The hazard is again decreasing for \(a < 1\), constant for \(a = 1\), and increasing for \(a > 1\). Note that for \(a = 1\), the PH Weibull distribution is equivalent to an exponential distribution with rate parameter \(m\).
haz_weiPH <- hazfun(flexsurv::hweibullPH,
list(scale = seq(2, 5, .5),
shape = wei_shape),
times = times)
ggplot(haz_weiPH, aes(x = time, y = value, col = scale)) +
geom_line() + facet_wrap(~shape, scales = "free_y") +
xlab("Time") + ylab("Hazard")
The Gompertz distribution is parameterized by a shape parameter \(a\) and rate parameter \(b\). The hazard is increasing for \(a > 0\), constant for \(a = 0\), and decreasing for \(a < 0\). When \(a = 0\), the Gompertz distribution is equivalent to an exponential distribution with rate parameter \(b\).
haz_gomp <- hazfun(flexsurv::hgompertz,
list(rate = seq(.5, 3, .5),
shape = seq(-2, 2, .5)),
times = times)
ggplot(haz_gomp, aes(x = time, y = value, col = rate)) +
geom_line() + facet_wrap(~shape, scales = "free_y") +
xlab("Time") + ylab("Hazard")
The gamma distribution is parameterized by a shape parameter \(a\) and a rate parameter \(b\). Like the Weibull distribution, the hazard is decreasing for \(a < 1\), constant for \(a = 1\), and increasing for \(a >1\). In the case where \(a = 1\), the gamma distribution is an exponential distribution with rate parameter \(b\).
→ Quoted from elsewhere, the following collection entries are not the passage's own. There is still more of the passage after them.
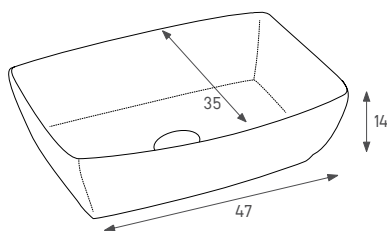

134047 ניצן

כיוור מונח מלבני

צבע: לבן מבריק

מחיר: 635 ש"ח
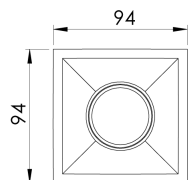

# CAPELLA EVO QUADRADA EMBUTIR GESSO FACHO FIXO 40° 6W COBMAX 4000K IRC90 PRETA

datasheet gerado em  
20-06-26

REF.: CAPELLA EVO-QD-EM-GE-FF140-6-COBMAX-40-90-X-P

A = 105mm | B = 94mm | C = 94mm

IMPORTANTE: ENSAIOS REALIZADOS A 25°C

Aplicação	Ambiente interno
Instalação	Embutir Gesso
Altura	105
Largura	94
Comprimento	94
IP	20
Corpo	Polímero injetado
Cor	Preta
Ótica principal	Refletor
Potência	6W
Fluxo Luminária	484lm
Intensidade	861cd
Eficácia	81lm/W
Facho	40°
CCT	4000K
IRC	>90
Tensão	220V ou Bivolt
Dimerização	Liga/Desliga, Dali, 0-10 ou Triac
Garantia	5 anos
UGR	Espaçamento 1m (4H/8H) - <1/<1
Tipo de LED	COBmax
Vida útil	50.000 (ta<25°C)
Eficácia do LED	157lm/W
Fluxo Luminoso do LED	629lm
Potência do LED	4W

haz_gam <- hazfun(flexsurv::hgamma,
list(rate = seq(.5, 3, .5),
shape = c(1e-5, .5, 1, seq(2, 6))),
times = times)
ggplot(haz_gam, aes(x = time, y = value, col = rate)) +
geom_line() + facet_wrap(~shape, scales = "free_y") +
xlab("Time") + ylab("Hazard")
The lognormal distribution is parameterized by the mean \(\mu\) and standard deviation \(\sigma\) of survival time on the log scale. The lognormal hazard is either monotonically decreasing or arc-shaped. Note that the shape of the hazard depends on the values of both \(\mu\) and \(\sigma\).
haz_lnorm <- hazfun(flexsurv::hlnorm,
list(meanlog = seq(0, 4, .5),
sdlog = seq(.5, 3, .5)),
times = seq(0, 20, .1))
ggplot(haz_lnorm, aes(x = time, y = value, col = meanlog)) +
geom_line() + facet_wrap(~sdlog, scales = "free_y") +
xlab("Time") + ylab("Hazard")
The log-logistic distribution is parameterized by a shape parameter \(a\) and a scale parameter \(b\). When \(a > 1\), the hazard function is arc-shaped whereas when \(a \leq 1\), the hazard function is decreasing monotonically.
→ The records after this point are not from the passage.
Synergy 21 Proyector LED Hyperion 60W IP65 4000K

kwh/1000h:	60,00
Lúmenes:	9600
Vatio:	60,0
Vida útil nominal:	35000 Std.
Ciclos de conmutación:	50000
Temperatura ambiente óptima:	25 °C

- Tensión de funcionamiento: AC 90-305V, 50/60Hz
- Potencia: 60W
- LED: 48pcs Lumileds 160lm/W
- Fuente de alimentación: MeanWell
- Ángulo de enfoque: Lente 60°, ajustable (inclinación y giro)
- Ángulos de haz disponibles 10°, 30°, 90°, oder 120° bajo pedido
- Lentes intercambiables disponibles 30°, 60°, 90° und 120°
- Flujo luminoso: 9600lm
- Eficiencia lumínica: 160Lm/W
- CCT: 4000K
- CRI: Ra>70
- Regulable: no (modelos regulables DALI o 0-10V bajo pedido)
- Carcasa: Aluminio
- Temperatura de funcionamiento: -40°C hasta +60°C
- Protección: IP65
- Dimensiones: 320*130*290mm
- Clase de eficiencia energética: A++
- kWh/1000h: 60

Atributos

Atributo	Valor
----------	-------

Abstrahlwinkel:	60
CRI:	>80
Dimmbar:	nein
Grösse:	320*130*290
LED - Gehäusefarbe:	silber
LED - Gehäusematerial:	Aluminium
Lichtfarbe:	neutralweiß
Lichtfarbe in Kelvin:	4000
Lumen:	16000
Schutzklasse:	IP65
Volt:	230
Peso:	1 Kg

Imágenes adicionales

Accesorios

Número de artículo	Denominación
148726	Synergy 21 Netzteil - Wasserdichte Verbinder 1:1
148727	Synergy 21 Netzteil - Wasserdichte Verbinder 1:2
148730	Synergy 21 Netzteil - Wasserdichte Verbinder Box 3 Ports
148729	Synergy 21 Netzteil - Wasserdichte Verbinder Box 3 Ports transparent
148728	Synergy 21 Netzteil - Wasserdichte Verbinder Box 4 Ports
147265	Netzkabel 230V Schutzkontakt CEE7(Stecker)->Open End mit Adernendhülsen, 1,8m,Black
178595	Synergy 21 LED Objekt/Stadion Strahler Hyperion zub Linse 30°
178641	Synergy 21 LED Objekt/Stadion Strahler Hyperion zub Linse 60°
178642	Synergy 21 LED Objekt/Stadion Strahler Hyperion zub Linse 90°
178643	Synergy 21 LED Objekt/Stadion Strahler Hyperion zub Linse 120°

haz_llogis <- hazfun(flexsurv::hllogis,
list(scale = seq(.5, 4, .5),
shape = seq(.5, 3, .5)),
times = seq(0, 20, 1))
ggplot(haz_llogis, aes(x = time, y = value, col = scale)) +
geom_line() + facet_wrap(~shape, scales = "free_y") +
xlab("Time") + ylab("Hazard")
The generalized gamma distribution is parameterized by a location parameter \(\mu\), a scale parameter \(\sigma\), and a shape parameter \(Q\). It is the most flexible distribution reviewed in this post and includes the exponential (\(Q = \sigma = 1\)), Weibull (\(Q = 1\)), gamma (\(Q = \sigma\)), and lognormal (\(Q = 0\)) distributions as special cases.
Each row in the figure corresponds to a unique value of \(\sigma\) and each column corresponds to a unique value of \(Q\).The generalized gamma distribution is quite flexible as it supports hazard functions that are monotonically increasing, monotonically decreasing, arc-shaped, and bathtub shaped.
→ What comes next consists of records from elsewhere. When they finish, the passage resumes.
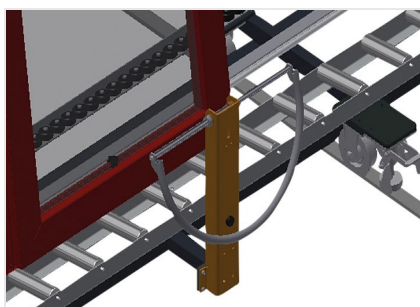

VR4000 F

Transportadoras verticais
de rolos

Transportadora vertical de rolos para transportar elementos de janelas

- Construção robusta em aço
- Transportadora vertical de rolos para o transporte sem interrupções até ao próximo processamento bem como para transportar as janelas acabadas até ao armazém e a ordenação
- Manuseamento fácil dos elementos de janelas
- Cada unidade de transportadora de rolos 4 000 mm de comprimento
- Perfis corrediças em plástico superior e inferior
- Três transportadoras de roletes com rolos de borracha, diâmetro de 50 mm
- Unidade base com suporte terminal
- Transportadora vertical de rolos sobre carrilhos, móvel com rodas de friso

Opções

- Carrilho de deslocação 2,0 m tanto para o lado esquerdo como para o lado direito
- Retentor terminal para VR
- Rolo de alimentação para VR
- Protetor de perfis para rolos de suporte (alu)

Transportadora vertical de rolos VR 4000 F

Rolos de suporte

Rodas dirigíveis contínuas, largura dos rolos de suporte 200 mm, unidade de transportadora de rolos com comprimento de 2 000 mm, 3 000 mm e 4 000 mm

Transportadora de roletes

Três transportadoras de roletes com rolos de borracha, diâmetro de 50 mm

Encosto

Encosto traseiro com perfis corredeiras em plástico superior e inferior

Manejo

Manejo para deslizar facilmente a transportadora de rolos sobre carris

Unidade móvel

Dispositivo móvel com rodas de friso e imobilizador

haz_gengamma <- hazfun(flexsurv::hgengamma,
list(mu = seq(1, 4, .5),
sigma = seq(.5, 2, .5),
Q = seq(-3, 3, 1)),
times = seq(0, 30, 1))
ggplot(haz_gengamma, aes(x = time, y = value, col = mu)) +
geom_line() +
facet_wrap(sigma ~ Q,
ncol = length(levels(haz_gengamma$Q)),
scales = "free") +
xlab("Time") + ylab("Hazard") +
theme(legend.position = "bottom") +
guides(col = guide_legend(nrow = 2, byrow = TRUE))
## Warning: Removed 7 rows containing missing values (`geom_line()`).